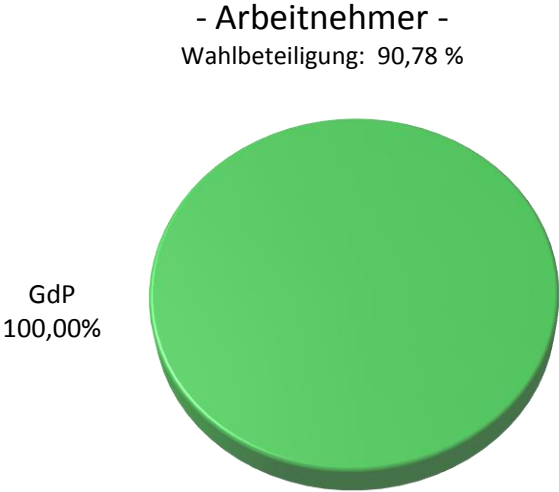

Personalratswahlen 2016

PP Bonn

Sitzverteilung

Abstimmungsergebnis

Quelle: Gewerkschaft der Polizei NRW – vorläufiges Wahlergebnis

> **Required work**: Exactly the lines from the one holding "Sitzverteilung" to the final line of the listing, both included, must make up the answer.

> **Exercise result**:
Sitzverteilung

Abstimmungsergebnis

Quelle: Gewerkschaft der Polizei NRW – vorläufiges Wahlergebnis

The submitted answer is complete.